Wednesday, February 10, 2010


THEY BLEW IT AGAIN. This has to be one of the most frustrating winters on record--for me and the precipitation prognosticators. At this point, Harvey and Company must be ready to go into the meteorological witness protection program--as one of them aptly put it today--for all the ill will they've stirred up after blowing the forecast. Schools cancelled, work cancelled, plows idling, carpools and childcare jumbled, earnings lost, reporters left reportless, the governor in a fleece muttering something about a sanding truck at the mouth of the Mass pike... I mean, just looking out the window this morning, it was clear the storm wasn't setting up right. That meant it was time to go back to square one, throw out all the models, and recalculate. Granted, the weather is unpredictable--especially in New England. But even as late as this morning, the weather gurus were all still pretty gung ho, even in the face of no snow.

So if we can't predict this micro -climate, how can we be so sure about predicting global weather patterns?? My brother raised the question. It's a good one. Let's put it this way. Nothing is a slam dunk. We're a drop in the vast universe; how much perspective can a drop have? Even with doppler radar? Today, make that dopelar radar.

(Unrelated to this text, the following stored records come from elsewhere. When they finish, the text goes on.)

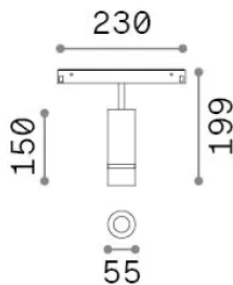

## Технический свет - Системы

<b>Еап</b>	8021696330730
<b>Пункт</b>	EGO TRACK 10W 20°-40° ZOOM 3000K ON-OFF BK
<b>Установка</b>	Системы
<b>Гарантия</b>	5 years
<b>Общий вес</b>	0.61 kg
<b>Объем</b>	0.003536 m <sup>3</sup>
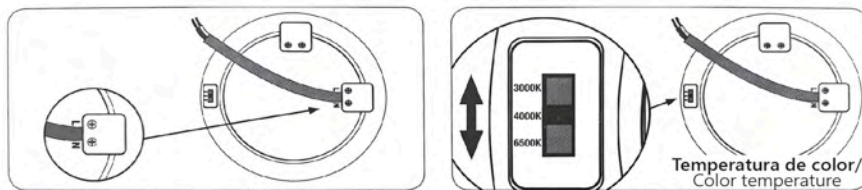

DAGO

11764 LED 18W / 1440LM / 3000-4000-6500K

Blanco - White - Branco
Metal/metacrilato - Iron/methacrylate - Ferro/metacrilato
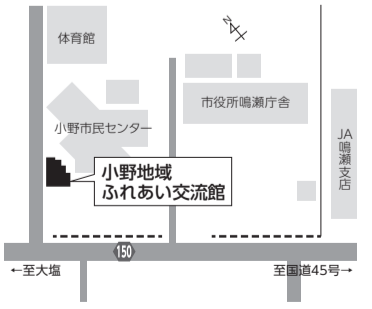

東松島市小野地域ふれあい交流館(直売所)が11月上旬にオープンします

東松島市小野地域ふれあい交流館(直売所)が、小野市民センター敷地内にオープンします。この施設は地元の生産者が育てた新鮮な野菜や日用品などを販売し、また、地域の皆さんが交流できる憩いの場として作られました。

地域はもちろん、市内外の皆さんにも愛される施設を目指しますので、よろしくお願いいたします。

- ■期日 11月上旬
- ■場所 東松島市小野字新欠下36番地 (小野市民センター敷地内)
- ※詳しい内容は、別にお知らせします。
- ■問 市民協働課協働推進班 ☎内線1281・1282
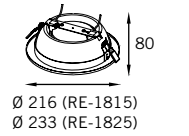

Moldura larga

Moldura fina

Lâmpadas Compatíveis	RE-1843	RE-1825	RE-1833	RE-1815
Vapor Metálico RX7s 70/150W	RE-1843	RE-1825	RE-1833	RE-1815
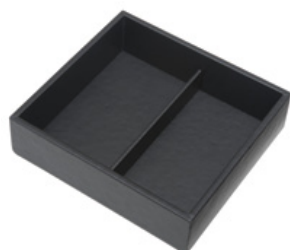

Organizador  
de objetos  
**TRIA**

**6103** - 202 x 55 x 186mm  
Acabamento couro sintético bege/preto

Organizador  
de correntes  
**TRIA**

**6107** - 202 x 55 x 186mm  
Acabamento couro sintético bege/preto

Organizador  
de anéis  
**TRIA**

**6104** - 202 x 55 x 186mm  
Acabamento couro sintético bege/preto

Organizador  
de relógios  
**TRIA**

**6109** - 202 x 55 x 186mm  
Acabamento couro sintético bege/preto
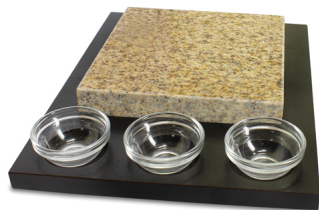

PEDRA PARA GRELHAR CONJUNTO

PEDRA_PARA_GRELH_4c951ef4de109.jpg

CONJUNTO PEDRA PARA GRELHAR 21 X 21 CM

Classificação: Ainda não foi avaliado

Preço:

EM STOCK

[Fazer uma pergunta sobre este produto](#)

Fabricante: [RAMHOTEL](#)

Descrição

CONJUNTO PEDRA PARA GRELHAR 21 X 21 CM C/TAÇAS PARA MOLHOS
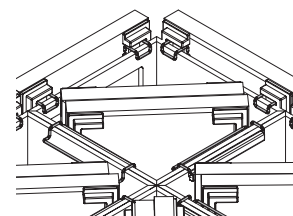

PIXEL WHITEBOARD

- Whiteboard Laminat auf Sperrholzträgerplatte
- Montage nur in Kombination mit PIXEL Whiteboard Halterung
- Ausrichtung vertikal oder horizontal

FUNKTIONSPRINZIP

Reihenverbindung

Stapelverbindung

HÖHENRASTER

OPTIONEN

PIXEL EINHÄNGEBÜGEL FÜR PIXEL TOP 180 UND PIXEL TRAY 180

Klappbarer Eingehängebügel.
Zur Fixierung von PIXEL Top 180 und PIXEL Tray 180
am PIXEL Tower. Kann nachträglich montiert werden.

ÜBERSICHT & DIMENSIONEN

| | | | | |
|---|---|---|---|--|
| <p>PIXEL BOX GESCHLOSSEN</p>  <p>B: 360 T: 360 H: 381</p> | <p>PIXEL BOX MIT SEITLICHEN ÖFFNUNGEN</p>  <p>B: 360 T: 360 H: 381</p> | <p>PIXEL BOX MIT GROSSER ÖFFNUNG</p>  <p>B: 360 T: 360 H: 381</p> | <p>PIXEL POD</p>  <p>B: 360 T: 360 H: 198</p> | |
| <p>PIXEL TRAY</p>  <p>B: 360 T: 360 H: 60,7</p> | <p>PIXEL TOP 19 MM + 38 MM</p>  <p>B: 360 T: 360 H: 40 H: 59</p> | <p>PIXEL PAD</p>  <p>B: 320 T: 320 H: 20</p> | <p>PIXEL SOFT PAD</p>  <p>B: 340 T: 340 H: 40</p> | |
| <p>PIXEL TRAY 144 180</p>  <p>B: 1.804 T: 360 H: 61 B: 1.443</p> | <p>PIXEL TOP 144 180</p>  <p>B: 1.804 T: 360 H: 59 B: 1.443</p> | <p>PIXEL WHEEL TRAY L</p>  <p>B: 721 T: 721 H: 198</p> | <p>PIXEL WHEEL TRAY M</p>  <p>B: 721 T: 360 H: 198</p> | |
| <p>PIXEL RACK M</p>  <p>B: 820 T: 460,5 H: 564 1.021 1.478 1.935</p> | <p>PIXEL RACK L</p>  <p>B: 820 T: 820 H: 564 1.021 1.478 1.935</p> | | | |
| <p>PIXEL RACK GRIFFBÜGEL</p>  <p>B: 455 T: 25 H: 229</p> | <p>PIXEL STIFTABLAGE</p>  <p>B: 213 T: 74 H: 26</p> | <p>PIXEL UTENSILIEN TASSE</p>  <p>B: 358 T: 213 H: 26</p> | <p>PIXEL ORGANISATIONS-EINSATZ</p>  <p>B: 334 T: 334 H: 129</p> | <p>PIXEL WHITEBOARD HALTERUNG</p>  <p>B: 550 T: 94 H: 59</p> |
| <p>PIXEL PLANT POT</p>  <p>B: 360 T: 360 H: 265 Fassungsvermögen: 19,4l</p> | <p>PIXEL PLANT POT</p>  <p>B: 360 T: 360 H: 158,5 Fassungsvermögen: 12,6l</p> | <p>PIXEL WHITEBOARD</p>  <p>B: 1.080 T: 10 H: 680</p> | | |
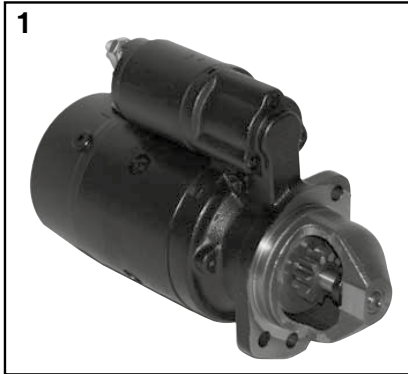

## K.H.D DEUTZ-FAHR PARTS

Démarrreur - Starter motor - Anlasser - Startmotor - Motor de arranque

	Fig.	Part N°	OEM				
F2L1011,F3L1011, F4L1011,BF4L1011 (01-95⇒)	2	<b>62/930-185</b>	01180180 01180995	11Z	2x11mm (A) x 105 mm (B)	220mm	2.8 KW 12V
F2L1011,F3L1011, F4L1011,BF4L1011 (06-89⇒12-94)	1	<b>62/930-205</b>	01177441 01178670	11Z	3x11mm (A) x 105 mm (B)	220mm	2.7 KW 12V
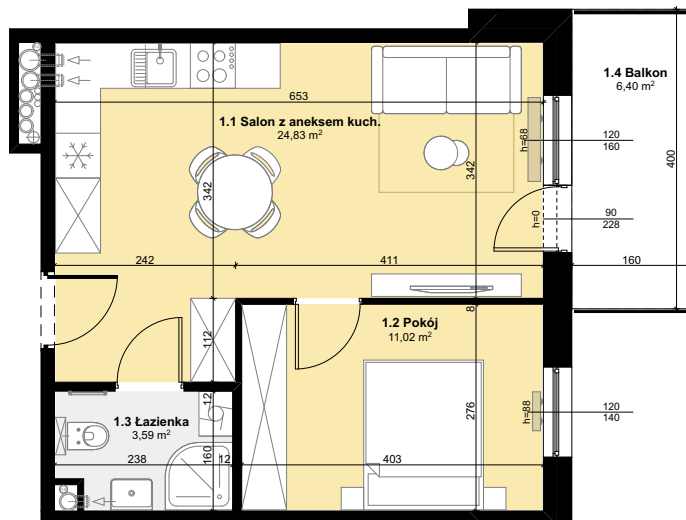

Budynek mieszkalny wielorodzinny

SOLEC KUJAWSKI, OSIEDLE SŁONECZNE, BUDYNEK B2,
MIESZKANIE NR 37, POWIERZCHNIA 39,44 m²

ZESTAWIENIE POMIESZCZEŃ M37

1.1 Salon z aneksem kuch.	24,83 m ²
1.2 Pokój	11,02 m ²
1.3 łazienka	3,59 m ²
Σ POW. LOKALU	39,44 m²
1.4 Balkon	6,40 m ²

SCHEMAT Z LOKALIZACJĄ MIESZKANIA

III PIĘTRO

PLAN ZAGOSPODAROWANIA TERENU
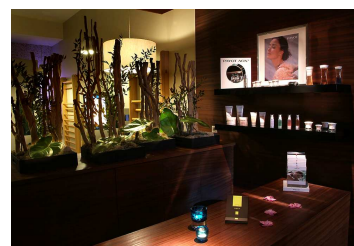

O espaço Bien-Etre by Payot aberto em 2005 propõe um espaço de tratamentos e de beleza para ela e para ele.

O bel-ami café é um belo espaço com ares de loft.

Iluminado por a luz do dia, serve de lugar para o serviço do pequeno almoço entre 06h30 e 10h30. Servem-se generosos pequenos-almoços a volta de um buffet.

O Bel-Ami dirige-se tanto aos visitantes de lazeres que aos viajantes de negócios.
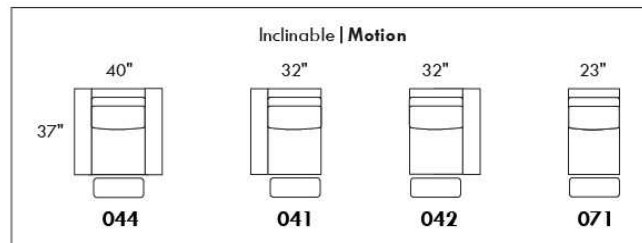

RIOPEL

Hauteur complète 35" | Hauteur de siège 19" | Hauteur devant bras 25" | Profondeur d'assise 21"/22"
Total Height 35" | Seat Height 19" | Arm Height 25" | Seat Depth 21"/22"

www.jaymar.ca
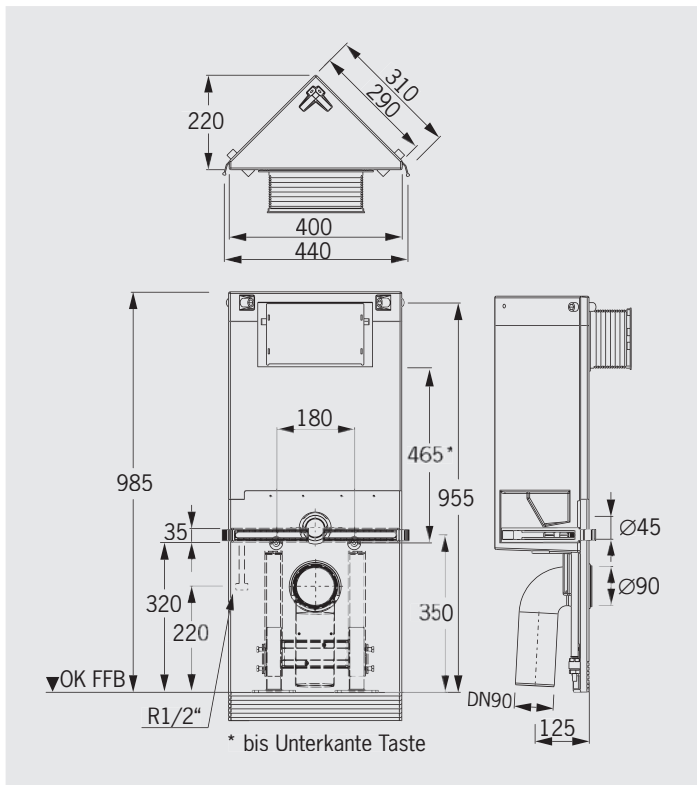

## ■ Eck-WC-Stein 98 cm hoch für Betätigungsplatten »Sigma 01/10/20/21/30/50« (Geberit®)

Art.-Nr. 1302.N

485,- €

Höhe 98 cm, Tiefe 22 cm, **Diagonale 40 cm**

### Mit 2-Mengen-Spültechnik bzw. Start-Stopp-Spülung und komplett bestückt für wandhängendes WC:

- 4-fache Justiereinrichtung
- Befestigungsmaterial (für die Ecke/für eine **einseitige** Wandbefestigung)
- Schallschutzset
- höhenverstellbare FüÙe (bis 15 cm)
- Montageraumabdeckung unten
- eingeformter Spülkasten (Innenterteile von Geberit®) inkl. Spülkasten-Bauschutz
- Bauschutzstopfen
- Meterriss/Markierung bei 0,5 m
- WC-Anschlussgarnitur (90°-Bogen aus PE Ø 90/90 und PE-Übergangsstück Ø 90/110 mm)
- WC-Anschlussset Ø 90 mm
- WC-Befestigungssatz
- Betätigung von vorne
- ohne Betätigungsplatte

Einbaubeispiel: Eck-WC-Stein 98 cm hoch mit Dekorplatten in schwarz verkleidet, Betätigungsplatte »Sigma 50« (Geberit®)

### Technische Daten Eck-WC-Steine

Justierbereich Höhe:	0–150 mm
Justierbereich Wand:	0–20 mm
2-Mengen-Spültechnik (einstellbar):	
Werkseinstellung:	4/8,5 l
kleine Spülmenge:	3–4 l
groÙe Spülmenge:	6–8,5 l
Wasseranschluss:	1/2" Innengewinde
Abfluss:	90°-PE-Bogen Ø 90/90 mm und PE-Übergangsstück Ø 90/110 mm
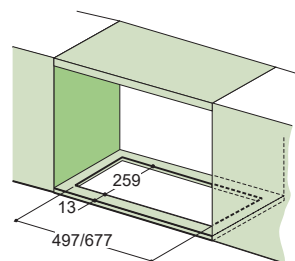

## Vestavný odsavač par

Energetická třída C

Montážní šířka 70,2/52,2 cm

Provedení Černá

Posuvné přepínače

3 Stupně výkonu

Osvětlení LED žárovky 2x 4 W, 4000 K

Max. výkon 335 m<sup>3</sup>/h (Podle normy EN 61591)
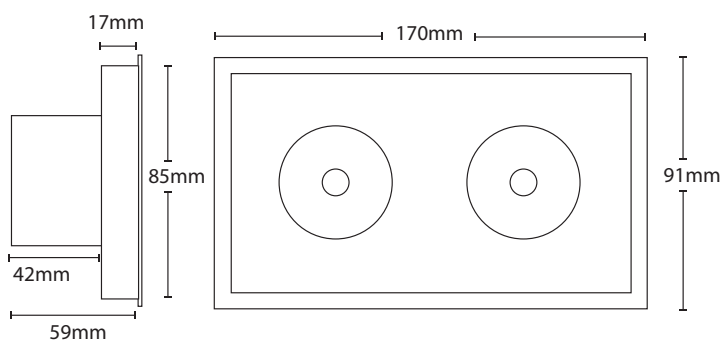

Residence Dobbelt

 DESIGN BY
LHC

Lyskilde	LED
Effekt	2X10 W
Fargetemperatur	Dim to warm 2000-3000K
Ra-index	> 83
Lumen	750lm
Driftspenning	220-240 V
Frekvens	50-60 Hz
Driver	Elektronisk
Beskyttelsesgrad	IP54
Beskyttelsesglass	Inkludert
Spredning	38°
Farger	Hvit
Kjøle metode	passiv
Dimbar	ja
Hullmål	165x85mm

Vare nr.
DL3043DW AW

Beskrivelse
2X10W

Farge
White

LED

DRIVER
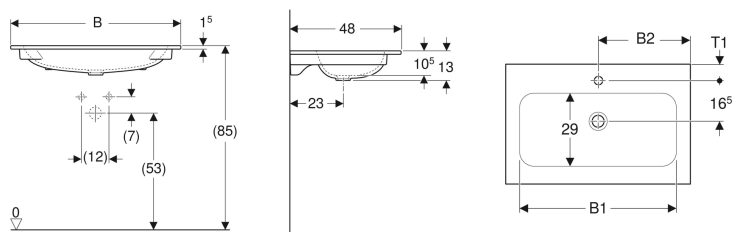

Nábytkové umývadlo Geberit iCon

Príklad

Účely použitia

- Pre montáž na skrinky pod umývadlá

Technické údaje

Materiál

Jemný žiaruvzdorný íl

Vlastnosti

- Úzky okraj

Č. výr.	Farba / povrch	Otvor pre batériu	Prepad	B	B1	B2	Šírka skrinky pod umývadlom	H	T	T1	
501.843.00.1	Biela	V strede	Bez	60 cm	49 cm	30 cm	60 cm	13 cm	48 cm	6.5 cm	Nové
501.843.00.2	Biela / KeraTect	V strede	Bez	60 cm	49 cm	30 cm	60 cm	13 cm	48 cm	6.5 cm	Nové
501.843.00.3 *	Biela	Bez	Bez	60 cm	49 cm	30 cm	60 cm	13 cm	48 cm	- cm	Nové
501.843.00.4 *	Biela / KeraTect	Bez	Bez	60 cm	49 cm	30 cm	60 cm	13 cm	48 cm	- cm	Nové
501.844.00.1	Biela	V strede	Bez	75 cm	49 cm	37.5 cm	75 cm	13 cm	48 cm	6.5 cm	Nové
501.844.00.2	Biela / KeraTect	V strede	Bez	75 cm	49 cm	37.5 cm	75 cm	13 cm	48 cm	6.5 cm	Nové
501.844.00.3 *	Biela	Bez	Bez	75 cm	49 cm	37.5 cm	75 cm	13 cm	48 cm	- cm	Nové
501.844.00.4 *	Biela / KeraTect	Bez	Bez	75 cm	49 cm	37.5 cm	75 cm	13 cm	48 cm	- cm	Nové
501.845.00.1	Biela	V strede	Bez	90 cm	78.5 cm	45 cm	90 cm	13 cm	48 cm	6.5 cm	Nové
501.845.00.2	Biela / KeraTect	V strede	Bez	90 cm	78.5 cm	45 cm	90 cm	13 cm	48 cm	6.5 cm	Nové
501.845.00.3 *	Biela	Bez	Bez	90 cm	78.5 cm	45 cm	90 cm	13 cm	48 cm	- cm	Nové
501.845.00.4 *	Biela / KeraTect	Bez	Bez	90 cm	78.5 cm	45 cm	90 cm	13 cm	48 cm	- cm	Nové
501.846.00.1	Biela	Vľavo a vpravo	Bez	120 cm	108 cm	60 cm	120 cm	13 cm	48 cm	7 cm	Nové
501.846.00.2	Biela / KeraTect	Vľavo a vpravo	Bez	120 cm	108 cm	60 cm	120 cm	13 cm	48 cm	7 cm	Nové
501.846.00.3 *	Biela	Bez	Bez	120 cm	108 cm	60 cm	120 cm	13 cm	48 cm	- cm	Nové
501.846.00.4 *	Biela / KeraTect	Bez	Bez	120 cm	108 cm	60 cm	120 cm	13 cm	48 cm	- cm	Nové
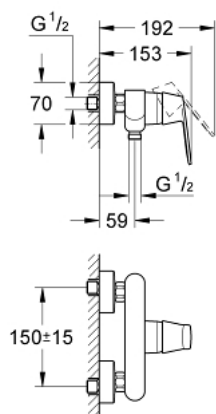

32 837 000 EUROSMART COSMOPOLITAN MONOMANDO DE DUCHA 1/2"

DESCRIPCIÓN DEL PRODUCTO

- Color: Cromo
- GROHE SilkMove Cartucho de discos cerámicos 46 mm
- Limitador de caudal ajustable
- Toma inferior para flexo G 1/2" con válvula anti-retorno incorporada
- Racores en S
- Limitador de temperatura opcional 46 375 000

32 837 000 EUROSMART COSMOPOLITAN MONOMANDO DE DUCHA 1/2"

PIEZAS DE REPUESTO, agosto 2009 – ahora

- 1: Palanca accionamiento (Número de pedido 46682000)
 - 2: Carcasa (Número de pedido 46427000)
 - 3: Cartucho (Número de pedido 46048000)
 - 4: Tuerca y rácor de acoplamiento (Número de pedido 45044000)
 - 5: Racor en S (Número de pedido 12662000)
 - 6: Racor con Válvula anti-retorno (Número de pedido 08565000)
 - 7: Limitador de temperatura (Número de pedido 46308000)*
 - 8: Juego de 2 prolongaciones
para racores
Longitud: 20 mm. (Número de pedido 0713000M)*
 - 9: Jabonera (Número de pedido 18349000)*
- *Accesorios especiales
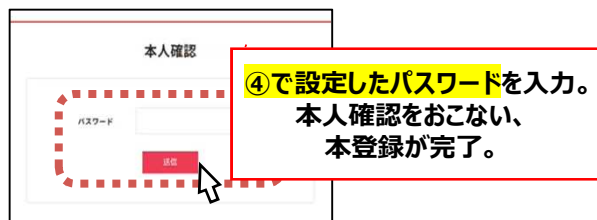

## ID・パスワードが **わからない** 場合

① 「ベネフィット・ステーション」で検索。

画面上的ボタンをクリック

もしくは

QRコードの読みとり

② 初回ログイン画面の下部の**青文字**をクリック

**【団体ID】【認証キー1・2】をお持ちの方のログインはこちら**

画面上的**青文字**をクリック

③ 「団体ID」「認証キー1・2」で初回ログイン

・団体ID  
**C000319BG**  
・認証キー1  
**組合員番号**  
・認証キー2  
**生年月日(8桁)**

④ ベネアカウントの新規登録(仮登録)

⑤ ④で登録したメールアドレスにメールが届く。

件名: [ベネワン・プラットフォーム]アカウント登録案内メール

URLをクリック

⑥ 本人認証をおこない、本登録完了。

⑦ 次回からベネアカウントでログイン。
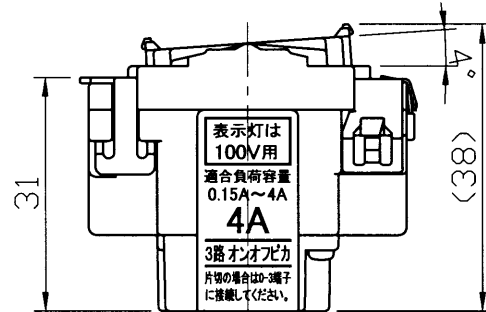

**WIDE*i***

	寸法(幅×長×高)	詰数(個)	質量 (g)
製品単体	—	—	38
内装箱	91×118×41	10	390
外装箱	196×218×136	100	4,240

部番	部 品 名	個数	材 質	摘 要
1	本体	1	ユリア	色相：グレー
2	カバー	1	ユリア	色相：グレー
3	ハンドル	1	ユリア	色相：黒
4	ファスナー	1	ステンレス鋼板	t 0.4
5	止金具	1	メッキ鋼板	t 0.8
6	表示部カバー	1	ポリカーボネイト	色相：透明
7	リリースボタン	2	ユリア	色相：黄色

**⚠ 警告 発熱、焼損、火災の原因になります。**

- 結線は適合電線の被ふくをゲージ12mm(10~14mm)に合わせ、確実に奥まで差し込んでください。
- 曲がった電線及びより線は直接端子に接続しないでください。
- 定格電圧、定格電流を超えて、施工やご使用をしないでください。
- 水のかかる場所、油などの付着しやすい場所、低温、高温、多湿の場所、粉塵、アンモニアガスなど腐食性ガスのある場所には取付けしないでください。

定格電流	4 A
使用電圧	100V
適合規格	電気用品安全法
端子構造	SL(ねじなし)端子
適合電線	φ1.6, φ2銅単線
適合スイッチカバー	WDG1621L(WW), WDG1641L(WW) WDG1621M(WW), WDG1641M(WW) WDG1621S(WW), WDG1641S(WW)

承認 APPROVED BY	担当 CHARGED BY	名称 TITLE	東芝配線器具
安本	鳥居	WIDE <i>i</i>	3路オンオフピカスイッチ(片切・3路兼用)
TOSHIBA		形名	MODEL NO. WDG1413
東芝ライテック株式会社		図面番号	AA2009-00958-01
TOSHIBA LIGHTING & TECHNOLOGY CORP.		DRAWING NO.	
第三角法	尺度 SCALE	単位 UNITS	mm
3RD ANGLE PROJECTION

One thing I did notice--there was no rush hour traffic--undoubtedly because many people stayed home. But it was also because of the staggered release of employees from work--why don't we commit to this anyway to alleviate annoying rush hour traffic? Just a thought, among many, on what was supposed to be a snowy day. I'm just a tad grumpy, now, like a kid who was promised a snow day and didn't get it. Some people just never grow up.

More later...
Stay tuned!


  1. Well maybe. But one of the reasons meteorologists all want to work in Boston is because the weather is so hard to forecast. I visited a friend once in Marquette MI on Lake Superior. He pointed across the lake and said "If there are dark clouds on the horizon it will rain in 4 hours [it was summer so nobody was thinking about snow]. If it's raining and the horizon is bright it will stop raining in 4 hours." Who wants to live in a place where the weather is that boring? I thought it was exciting to watch today's weather unfold.

  2. Of course you are right, Jonathan--I LOVE New England weather precisely because it is so variable--I would die of boredom in L.A. (for a variety of reasons...)
    I just thought it was amazing the way they clung to their predictions, even in the face of evidence to the contrary, so late in the game. Tonight I actually heard a weatherman saying--"we really did get snow-- it was just the amounts that were off."
    Yeah. right. Harvey was the only one who really admitted they had blown it. Undoubtedly, they will learn from this and go back and tweak their weather models a bit. I know it's all a learning curve.
    Hey-Thanks for commenting!

  3. You're right about the WX people clinging to their forecasts. I was watching the radar that day and by late morning I was pretty sure the forecast wasn't right. I didn't know which way it was going to go but it clearly wasn't unfolding the way they said it would. Oddly enough, if you measure the accuracy of their forecast by how far north the precipitation line came and how close the actual temperature was to forecast, they were very close. But they were off temperature by a couple of degrees, which at 32F makes a huge difference (rain instead of snow), and they were off on the precip line by a few miles, which included Boston. So lots of poeple noticed. Yeah, I couldn't live in L.A. either.